Se había esmerado en evitar el Campo de Batalla como tal, pero su brutalidad era omnipresente. Supuestamente, SportsViewNet se preparaba para retransmitir todos los juegos. Por el momento, solo habían mostrado fotos fijas de los Eslabones con una persona chocando los puños o flexionando los bíceps o golpeándose el pecho mientras la otra yacía muerta en el suelo. Ahora, incluso esa pequeña decencia editorial iba a abandonarse a favor de la retransmisión completa. En vez de por el modelo de pagar por la retransmisión, la Cadena de presos estaba a punto de ser fácilmente accesible en las plataformas habituales de vídeo en directo.

Nile ya no veía SportsViewNet.

El Campo de Batalla le hacía sentir como si tuviera los órganos al aire.

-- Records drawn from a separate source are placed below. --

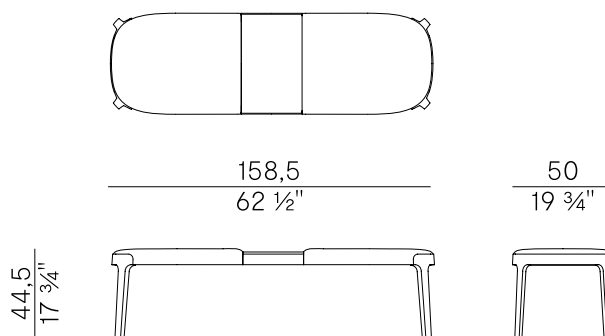

Informazioni tecniche \ Technical information

Descrizione tecnica \ Technical description

Panca con tavolino, imbottita in poliuretano espanso ignifugo. Struttura in massello di frassino. Finiture e rivestimenti di collezione.

Bench with table, padded in fire retardant polyurethane foam. Structure in solid ash wood. Finishes and covering as per collection.

Dimensioni \ Dimensions

Consumi stoffe \ Fabric and leather requirements

FABRIC / LEATHER REQUIREMENTS

	x1	x2
H 140	ml 1,50	ml 3,00

LEATHER m² 3,20

FABRIC / LEATHER REQUIREMENTS

	x1	x2
H 55 1/4"	yd 1,65	yd 3,30

LEATHER ft² 35

PACKAGING

1 x box = m³ 0.49
gross weight - Kg 25
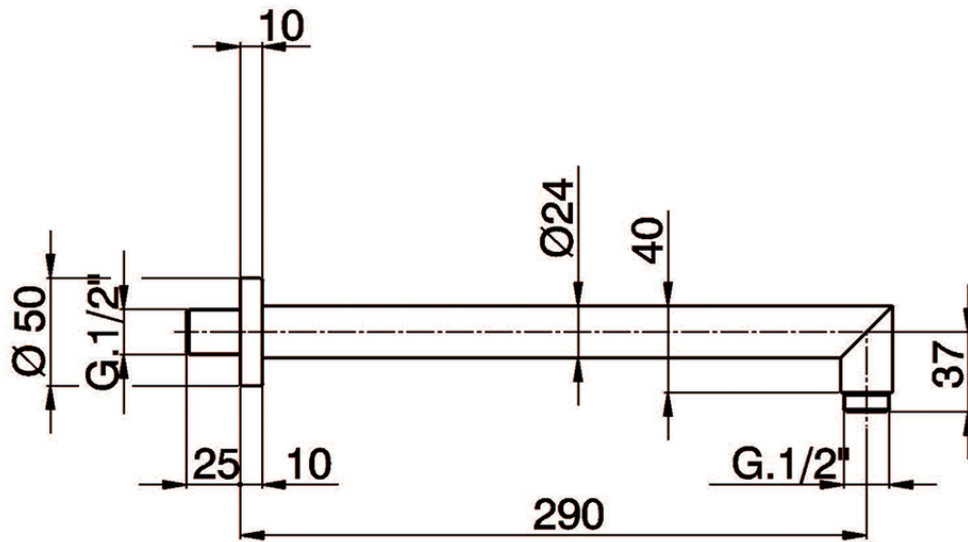

Shower arm SHOWER\_SS013243

SS013243

<https://en.huberitalia.com/shower-arm-shower-ss013243>

2026-06-29
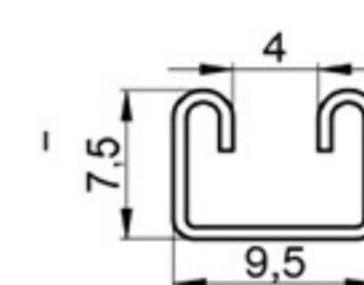

Art. NO. : SP42/4
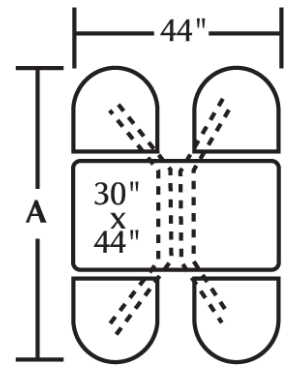

## Product Highlights:

- Laminate table top with molded polyurethane edge
- Bullnose edge with 1.5" radius corners
- Personal Space is 18.0"
- Personal space is the distance from the table edge to the back of the chairhead.
- Table made of 1-1/8" thick 45 lb density particleboard core
- Underside has phenolic backer to protect from moisture
- 2" - 14 gauge square steel tube powder coated frame
- Steel chairhead with spring swivel & molded polyurethane seat
- Assembly required

## Cebra Cluster w/ Bullnose Dur-A-Edge® Table Top & Quest Chairhead /

2 Seat Wall Unit	CEWL002DEQU	23"w x 66.25"d x 36"h	102 lbs.
4 Seat Wall Unit	CEWL004DEQU	47"w x 66.25"d x 36"h	189 lbs.
4 Seat Island Unit	CEIS004DEQU	44"w x 66.25"d x 36"h	180 lbs.
4 Seat Island ADA	CEIS004DEQUADA	80"w x 66.25"d x 36"h	244 lbs.
6 Seat Wall Unit	CEWL006DEQU	76"w x 66.25"d x 36"h	305 lbs.
6 Seat Island Unit	CEIS006DEQU	72"w x 66.25"d x 36"h	285 lbs.
8 Seat Wall Unit	CEWL008DEQU	102"w x 66.25"d x 36"h	387 lbs.
8 Seat Island Unit	CEIS008DEQU	96"w x 66.25"d x 36"h	387 lbs.

Additional table edge profiles and chairhead styles available

2 Seat Wall

4 Seat Wall

4 Seat Island

6 Seat Wall

6 Seat Island

8 Seat Wall

8 Seat Island

ADA Wall Unit

All units include 30" wide table top

Overall depth all units is 66.25"

Cuando aún estaba en la universidad, pocos años después de la creación de LaLiga de los Presos, había perdido a varios amigos por negarse a hablar de los combates a muerte, salvo para dedicarse a criticar los asesinatos con dureza. Había pasado unos años trabajando antes de matricularse. En primero había tenido la edad típica de un estudiante de cuarto, y la negativa a apuntarse a nada que tuviera que ver con las Cadenas de presos lo marginó todavía más en el campus.

—Es un deporte.

—Para eso se han apuntado.

—Ese tío es un violador, colega.

—También hay gente blanca, es justo.

—Esa gente es peligrosa.

—No seas nenaza.

Lo había rechazado todo y se había convertido en una persona muy particular. Pero había acabado por encontrar amigos que sentían lo mismo que él, y entonces, dado que sabían que necesitaban hacer algo, se habían convertido en activistas. O lo habían intentado. Solían acabar de fiesta, estudiando y viviendo unas vidas de jóvenes ingenuos. Pero cuando habían tenido tiempo, se habían manifestado y habían organizado asambleas. Se hacían llamar la Liga Humana. Nile, que se había graduado hacía tres años, se sentía orgulloso de que siguiera habiendo una rama de la liga en el campus.

—Aparta, chico —dijo Mari con rapidez, y le quitó el megáfono de las manos a Nile. Respiró hondo y gritó con más fuerza y más claridad—: Hoy han asesinado a un hombre —La primera vez que habló, pareció que constataba un hecho, casi en tono informal—. ¡Hoy han asesinado a un hombre! —proclamó una segunda vez, y se puso de rodillas.

El grupo alrededor de ellos la imitó en una ola que no tuvo la misma uniformidad que las fichas de dominó al caer. Al final, acabaron todos bocarriba o bocabajo en la plaza Sur del estadio MotoKline, como era la costumbre cada vez que concluía un partido mientras se estaban manifestando.

—¡Hoy han asesinado a un hombre! —repitió Mari, chillando como si contemplara a un familiar delante de ella. A un padre.

Nile veía cómo le subía y le bajaba el pecho; sentía su energía cruda, violenta y auténtica. No había tenido una vida fácil. La mayor parte había quedado definida por personas a quienes ella no conocía, personas que le habían arrebatado. Cuando Nile intentó hablar con Mari de cómo se había criado, ella se había dado prisa en cambiar de tema. A él no le gustaba presionarla, pero decidió preguntarle si quería hablar después de la manifestación.

—¡Hoy han asesinado a un hombre! —volvió a chillar Mari, mirando al cielo y respirando hondo entre grito y grito.

Los manifestantes la acompañaban. Nile la acompañaba. Por accidente, rozó el suelo con los labios y no le importó lo más mínimo. Eran un monumento viviente. Estaban totalmente juntos. Las voces, dirigidas por Mari, les salían de la boca y les unían las almas en una especie de sincronización. Repitieron y corearon:

—¡Hoy han asesinado a un hombre!

—¡Hoy han asesinado a un hombre!

—¡Hoy han asesinado a un hombre!

Y después:

—Deseamos y rezamos por un mundo distinto. Os pedimos que veáis que hemos perdido el rumbo. Hay otra manera mejor. Por favor, vednos. Tenéis miedo. Tenemos miedo y somos iguales. Por favor, oídnos. Han asesinado a un hombre. Se llamaba…

Nile rebuscó en el móvil y dio con la información:

—Se llamaba Barry Harris —le dijo a Mari.

—¡Se llamaba Barry Harris! —gritó Mari, y el aparato convirtió su voz en un coro de furia y adoración en sí mismo.

—¡Se llamaba Barry Harris! —le chilló el grupo al mundo—. ¡Se llamaba Barry Harris! —repitieron, y juntos tuvieron mucho más peso.